#### PROVIDED DATA

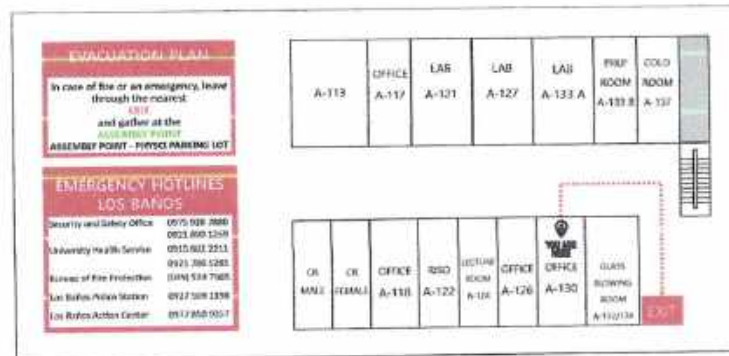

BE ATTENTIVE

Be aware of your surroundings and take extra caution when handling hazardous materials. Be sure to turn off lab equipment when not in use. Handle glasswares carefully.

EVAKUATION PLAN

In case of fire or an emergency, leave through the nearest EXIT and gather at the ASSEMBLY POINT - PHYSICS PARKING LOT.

########
#### PROVIDED DATA

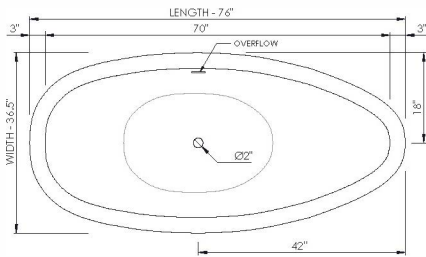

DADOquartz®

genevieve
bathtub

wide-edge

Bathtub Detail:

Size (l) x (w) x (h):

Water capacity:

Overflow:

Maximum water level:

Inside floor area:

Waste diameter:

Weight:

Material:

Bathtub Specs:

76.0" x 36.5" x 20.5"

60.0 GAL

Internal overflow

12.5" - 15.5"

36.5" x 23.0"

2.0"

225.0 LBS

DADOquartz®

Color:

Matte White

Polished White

########
#### PROVIDED DATA

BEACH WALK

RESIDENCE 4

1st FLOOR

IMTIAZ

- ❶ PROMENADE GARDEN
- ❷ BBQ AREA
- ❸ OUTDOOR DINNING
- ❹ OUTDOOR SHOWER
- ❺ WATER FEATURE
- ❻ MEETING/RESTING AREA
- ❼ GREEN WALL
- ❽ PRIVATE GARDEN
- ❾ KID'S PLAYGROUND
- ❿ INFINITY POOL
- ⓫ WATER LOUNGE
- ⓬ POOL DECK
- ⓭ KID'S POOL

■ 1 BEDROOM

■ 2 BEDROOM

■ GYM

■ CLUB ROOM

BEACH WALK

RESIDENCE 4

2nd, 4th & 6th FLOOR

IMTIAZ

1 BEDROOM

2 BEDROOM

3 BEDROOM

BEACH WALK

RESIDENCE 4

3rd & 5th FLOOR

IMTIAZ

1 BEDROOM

########

PROBLEM TO SOLVE:
Tell how many lines of the listing above contain "POOL", giving the number alone.

TASK ANSWER:
3